### ACTION ITEM
Set all of the entries down again precisely as they are written.
---------- RECORDS SUPPLIED
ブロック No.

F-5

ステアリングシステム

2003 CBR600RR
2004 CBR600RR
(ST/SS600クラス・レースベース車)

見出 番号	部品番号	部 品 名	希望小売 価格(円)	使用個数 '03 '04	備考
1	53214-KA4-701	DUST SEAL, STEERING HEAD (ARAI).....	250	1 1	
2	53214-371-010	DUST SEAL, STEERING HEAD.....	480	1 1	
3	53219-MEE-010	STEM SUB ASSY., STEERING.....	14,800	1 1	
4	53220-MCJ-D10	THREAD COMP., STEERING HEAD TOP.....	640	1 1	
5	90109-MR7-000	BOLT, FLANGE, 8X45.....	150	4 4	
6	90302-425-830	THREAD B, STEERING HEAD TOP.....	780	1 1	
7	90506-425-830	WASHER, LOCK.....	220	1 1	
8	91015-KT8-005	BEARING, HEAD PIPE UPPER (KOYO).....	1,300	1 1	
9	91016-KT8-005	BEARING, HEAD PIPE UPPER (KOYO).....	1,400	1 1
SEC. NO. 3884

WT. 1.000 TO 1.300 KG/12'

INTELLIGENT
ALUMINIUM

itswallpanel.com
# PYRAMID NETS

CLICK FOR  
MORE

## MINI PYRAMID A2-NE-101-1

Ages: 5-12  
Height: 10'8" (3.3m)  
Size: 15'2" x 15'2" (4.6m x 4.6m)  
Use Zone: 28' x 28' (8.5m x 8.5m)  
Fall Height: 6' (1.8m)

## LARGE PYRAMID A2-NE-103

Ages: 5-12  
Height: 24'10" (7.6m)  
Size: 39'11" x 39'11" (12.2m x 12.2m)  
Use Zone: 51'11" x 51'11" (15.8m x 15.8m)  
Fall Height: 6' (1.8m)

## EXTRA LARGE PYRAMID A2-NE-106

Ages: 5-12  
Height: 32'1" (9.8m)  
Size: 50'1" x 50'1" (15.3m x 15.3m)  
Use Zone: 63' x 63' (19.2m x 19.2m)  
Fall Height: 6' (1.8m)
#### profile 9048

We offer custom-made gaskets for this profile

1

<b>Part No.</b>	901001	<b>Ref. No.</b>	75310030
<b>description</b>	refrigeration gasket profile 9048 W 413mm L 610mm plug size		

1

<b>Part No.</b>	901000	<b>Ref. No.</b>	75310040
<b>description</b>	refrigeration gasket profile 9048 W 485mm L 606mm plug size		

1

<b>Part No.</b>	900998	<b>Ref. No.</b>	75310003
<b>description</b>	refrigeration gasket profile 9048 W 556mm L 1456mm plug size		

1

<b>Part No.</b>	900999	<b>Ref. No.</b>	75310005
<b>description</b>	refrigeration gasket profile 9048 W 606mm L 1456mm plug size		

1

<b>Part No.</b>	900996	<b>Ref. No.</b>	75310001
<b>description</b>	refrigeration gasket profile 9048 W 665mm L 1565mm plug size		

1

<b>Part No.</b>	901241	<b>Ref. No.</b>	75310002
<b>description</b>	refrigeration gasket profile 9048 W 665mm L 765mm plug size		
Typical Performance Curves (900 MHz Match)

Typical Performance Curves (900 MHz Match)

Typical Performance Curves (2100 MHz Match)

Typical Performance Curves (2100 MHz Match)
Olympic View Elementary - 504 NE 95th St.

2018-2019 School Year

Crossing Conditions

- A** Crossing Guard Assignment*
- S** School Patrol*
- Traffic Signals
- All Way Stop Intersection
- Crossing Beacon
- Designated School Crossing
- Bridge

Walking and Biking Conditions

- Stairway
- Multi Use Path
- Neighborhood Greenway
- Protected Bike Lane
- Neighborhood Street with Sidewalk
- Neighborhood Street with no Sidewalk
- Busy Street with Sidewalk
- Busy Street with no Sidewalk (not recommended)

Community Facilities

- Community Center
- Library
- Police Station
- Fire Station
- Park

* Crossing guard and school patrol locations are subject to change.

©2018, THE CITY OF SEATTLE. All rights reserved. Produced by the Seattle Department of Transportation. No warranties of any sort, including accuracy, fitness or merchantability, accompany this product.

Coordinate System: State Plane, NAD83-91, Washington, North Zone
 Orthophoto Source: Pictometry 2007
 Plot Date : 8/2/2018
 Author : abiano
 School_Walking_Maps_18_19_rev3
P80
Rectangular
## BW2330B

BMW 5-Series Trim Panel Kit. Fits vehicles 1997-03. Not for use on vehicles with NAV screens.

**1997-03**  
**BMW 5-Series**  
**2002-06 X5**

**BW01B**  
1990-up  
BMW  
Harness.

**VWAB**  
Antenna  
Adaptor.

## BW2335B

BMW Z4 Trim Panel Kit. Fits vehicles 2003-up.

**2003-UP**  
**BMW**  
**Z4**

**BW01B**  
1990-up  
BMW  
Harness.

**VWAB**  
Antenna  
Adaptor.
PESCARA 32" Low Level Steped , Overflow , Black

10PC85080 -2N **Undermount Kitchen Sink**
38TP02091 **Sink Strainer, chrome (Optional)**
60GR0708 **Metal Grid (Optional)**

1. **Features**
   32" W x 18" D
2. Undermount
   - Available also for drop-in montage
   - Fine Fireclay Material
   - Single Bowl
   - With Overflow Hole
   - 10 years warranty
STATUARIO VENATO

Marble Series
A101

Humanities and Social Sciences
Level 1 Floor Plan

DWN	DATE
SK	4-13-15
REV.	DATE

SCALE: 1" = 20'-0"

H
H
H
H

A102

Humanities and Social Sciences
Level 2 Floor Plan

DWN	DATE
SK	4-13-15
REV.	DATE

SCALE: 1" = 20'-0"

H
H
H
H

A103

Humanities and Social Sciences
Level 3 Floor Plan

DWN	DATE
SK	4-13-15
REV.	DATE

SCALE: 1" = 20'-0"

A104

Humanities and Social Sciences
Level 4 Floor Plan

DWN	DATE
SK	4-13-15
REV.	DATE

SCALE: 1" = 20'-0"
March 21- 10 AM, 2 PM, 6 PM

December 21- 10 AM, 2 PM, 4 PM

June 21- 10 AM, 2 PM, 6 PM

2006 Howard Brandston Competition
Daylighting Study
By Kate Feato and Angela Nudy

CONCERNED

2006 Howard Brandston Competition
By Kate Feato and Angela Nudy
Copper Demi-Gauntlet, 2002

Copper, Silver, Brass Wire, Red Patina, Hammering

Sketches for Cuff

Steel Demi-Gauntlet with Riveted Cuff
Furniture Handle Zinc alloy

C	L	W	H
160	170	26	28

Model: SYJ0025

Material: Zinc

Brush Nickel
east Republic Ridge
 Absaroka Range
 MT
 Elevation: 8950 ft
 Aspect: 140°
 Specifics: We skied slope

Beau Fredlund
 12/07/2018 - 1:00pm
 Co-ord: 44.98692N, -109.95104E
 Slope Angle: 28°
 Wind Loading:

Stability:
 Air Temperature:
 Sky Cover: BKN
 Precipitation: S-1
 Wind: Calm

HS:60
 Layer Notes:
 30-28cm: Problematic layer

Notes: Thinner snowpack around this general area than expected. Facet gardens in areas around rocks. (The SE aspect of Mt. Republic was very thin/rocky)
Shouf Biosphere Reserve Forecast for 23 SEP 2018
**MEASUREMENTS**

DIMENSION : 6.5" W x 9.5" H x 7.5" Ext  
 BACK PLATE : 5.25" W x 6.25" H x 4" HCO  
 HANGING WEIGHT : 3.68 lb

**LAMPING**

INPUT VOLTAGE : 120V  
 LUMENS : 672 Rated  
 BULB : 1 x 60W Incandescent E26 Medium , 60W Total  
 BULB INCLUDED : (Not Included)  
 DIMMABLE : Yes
--------------------
### RESULT BELOW
ブロック No.

F-5

ステアリングシステム

2003 CBR600RR
2004 CBR600RR
(ST/SS600クラス・レースベース車)

見出 番号	部品番号	部 品 名	希望小売 価格(円)	使用個数 '03 '04	備考
1	53214-KA4-701	DUST SEAL, STEERING HEAD (ARAI).....	250	1 1	
2	53214-371-010	DUST SEAL, STEERING HEAD.....	480	1 1	
3	53219-MEE-010	STEM SUB ASSY., STEERING.....	14,800	1 1	
4	53220-MCJ-D10	THREAD COMP., STEERING HEAD TOP.....	640	1 1	
5	90109-MR7-000	BOLT, FLANGE, 8X45.....	150	4 4	
6	90302-425-830	THREAD B, STEERING HEAD TOP.....	780	1 1	
7	90506-425-830	WASHER, LOCK.....	220	1 1	
8	91015-KT8-005	BEARING, HEAD PIPE UPPER (KOYO).....	1,300	1 1	
9	91016-KT8-005	BEARING, HEAD PIPE UPPER (KOYO).....	1,400	1 1
SEC. NO. 3884

WT. 1.000 TO 1.300 KG/12'

INTELLIGENT
ALUMINIUM

itswallpanel.com
# PYRAMID NETS

CLICK FOR  
MORE

## MINI PYRAMID A2-NE-101-1

Ages: 5-12  
Height: 10'8" (3.3m)  
Size: 15'2" x 15'2" (4.6m x 4.6m)  
Use Zone: 28' x 28' (8.5m x 8.5m)  
Fall Height: 6' (1.8m)

## LARGE PYRAMID A2-NE-103

Ages: 5-12  
Height: 24'10" (7.6m)  
Size: 39'11" x 39'11" (12.2m x 12.2m)  
Use Zone: 51'11" x 51'11" (15.8m x 15.8m)  
Fall Height: 6' (1.8m)

## EXTRA LARGE PYRAMID A2-NE-106

Ages: 5-12  
Height: 32'1" (9.8m)  
Size: 50'1" x 50'1" (15.3m x 15.3m)  
Use Zone: 63' x 63' (19.2m x 19.2m)  
Fall Height: 6' (1.8m)
#### profile 9048

We offer custom-made gaskets for this profile

1

<b>Part No.</b>	901001	<b>Ref. No.</b>	75310030
<b>description</b>	refrigeration gasket profile 9048 W 413mm L 610mm plug size		

1

<b>Part No.</b>	901000	<b>Ref. No.</b>	75310040
<b>description</b>	refrigeration gasket profile 9048 W 485mm L 606mm plug size		

1

<b>Part No.</b>	900998	<b>Ref. No.</b>	75310003
<b>description</b>	refrigeration gasket profile 9048 W 556mm L 1456mm plug size		

1

<b>Part No.</b>	900999	<b>Ref. No.</b>	75310005
<b>description</b>	refrigeration gasket profile 9048 W 606mm L 1456mm plug size		

1

<b>Part No.</b>	900996	<b>Ref. No.</b>	75310001
<b>description</b>	refrigeration gasket profile 9048 W 665mm L 1565mm plug size		

1

<b>Part No.</b>	901241	<b>Ref. No.</b>	75310002
<b>description</b>	refrigeration gasket profile 9048 W 665mm L 765mm plug size		
Typical Performance Curves (900 MHz Match)

Typical Performance Curves (900 MHz Match)

Typical Performance Curves (2100 MHz Match)

Typical Performance Curves (2100 MHz Match)
Olympic View Elementary - 504 NE 95th St.

2018-2019 School Year

Crossing Conditions

- A** Crossing Guard Assignment*
- S** School Patrol*
- Traffic Signals
- All Way Stop Intersection
- Crossing Beacon
- Designated School Crossing
- Bridge

Walking and Biking Conditions

- Stairway
- Multi Use Path
- Neighborhood Greenway
- Protected Bike Lane
- Neighborhood Street with Sidewalk
- Neighborhood Street with no Sidewalk
- Busy Street with Sidewalk
- Busy Street with no Sidewalk (not recommended)

Community Facilities

- Community Center
- Library
- Police Station
- Fire Station
- Park

* Crossing guard and school patrol locations are subject to change.

©2018, THE CITY OF SEATTLE. All rights reserved. Produced by the Seattle Department of Transportation. No warranties of any sort, including accuracy, fitness or merchantability, accompany this product.

Coordinate System: State Plane, NAD83-91, Washington, North Zone
 Orthophoto Source: Pictometry 2007
 Plot Date : 8/2/2018
 Author : abiano
 School_Walking_Maps_18_19_rev3
P80
Rectangular
## BW2330B

BMW 5-Series Trim Panel Kit. Fits vehicles 1997-03. Not for use on vehicles with NAV screens.

**1997-03**  
**BMW 5-Series**  
**2002-06 X5**

**BW01B**  
1990-up  
BMW  
Harness.

**VWAB**  
Antenna  
Adaptor.

## BW2335B

BMW Z4 Trim Panel Kit. Fits vehicles 2003-up.

**2003-UP**  
**BMW**  
**Z4**

**BW01B**  
1990-up  
BMW  
Harness.

**VWAB**  
Antenna  
Adaptor.
PESCARA 32" Low Level Steped , Overflow , Black

10PC85080 -2N **Undermount Kitchen Sink**
38TP02091 **Sink Strainer, chrome (Optional)**
60GR0708 **Metal Grid (Optional)**

1. **Features**
   32" W x 18" D
2. Undermount
   - Available also for drop-in montage
   - Fine Fireclay Material
   - Single Bowl
   - With Overflow Hole
   - 10 years warranty
STATUARIO VENATO

Marble Series
A101

Humanities and Social Sciences
Level 1 Floor Plan

DWN	DATE
SK	4-13-15
REV.	DATE

SCALE: 1" = 20'-0"

H
H
H
H

A102

Humanities and Social Sciences
Level 2 Floor Plan

DWN	DATE
SK	4-13-15
REV.	DATE

SCALE: 1" = 20'-0"

H
H
H
H

A103

Humanities and Social Sciences
Level 3 Floor Plan

DWN	DATE
SK	4-13-15
REV.	DATE

SCALE: 1" = 20'-0"

A104

Humanities and Social Sciences
Level 4 Floor Plan

DWN	DATE
SK	4-13-15
REV.	DATE

SCALE: 1" = 20'-0"
March 21- 10 AM, 2 PM, 6 PM

December 21- 10 AM, 2 PM, 4 PM

June 21- 10 AM, 2 PM, 6 PM

2006 Howard Brandston Competition
Daylighting Study
By Kate Feato and Angela Nudy

CONCERNED

2006 Howard Brandston Competition
By Kate Feato and Angela Nudy
Copper Demi-Gauntlet, 2002

Copper, Silver, Brass Wire, Red Patina, Hammering

Sketches for Cuff

Steel Demi-Gauntlet with Riveted Cuff
Furniture Handle Zinc alloy

C	L	W	H
160	170	26	28

Model: SYJ0025

Material: Zinc

Brush Nickel
east Republic Ridge
 Absaroka Range
 MT
 Elevation: 8950 ft
 Aspect: 140°
 Specifics: We skied slope

Beau Fredlund
 12/07/2018 - 1:00pm
 Co-ord: 44.98692N, -109.95104E
 Slope Angle: 28°
 Wind Loading:

Stability:
 Air Temperature:
 Sky Cover: BKN
 Precipitation: S-1
 Wind: Calm

HS:60
 Layer Notes:
 30-28cm: Problematic layer

Notes: Thinner snowpack around this general area than expected. Facet gardens in areas around rocks. (The SE aspect of Mt. Republic was very thin/rocky)
Shouf Biosphere Reserve Forecast for 23 SEP 2018
**MEASUREMENTS**

DIMENSION : 6.5" W x 9.5" H x 7.5" Ext  
 BACK PLATE : 5.25" W x 6.25" H x 4" HCO  
 HANGING WEIGHT : 3.68 lb

**LAMPING**

INPUT VOLTAGE : 120V  
 LUMENS : 672 Rated  
 BULB : 1 x 60W Incandescent E26 Medium , 60W Total  
 BULB INCLUDED : (Not Included)  
 DIMMABLE : Yes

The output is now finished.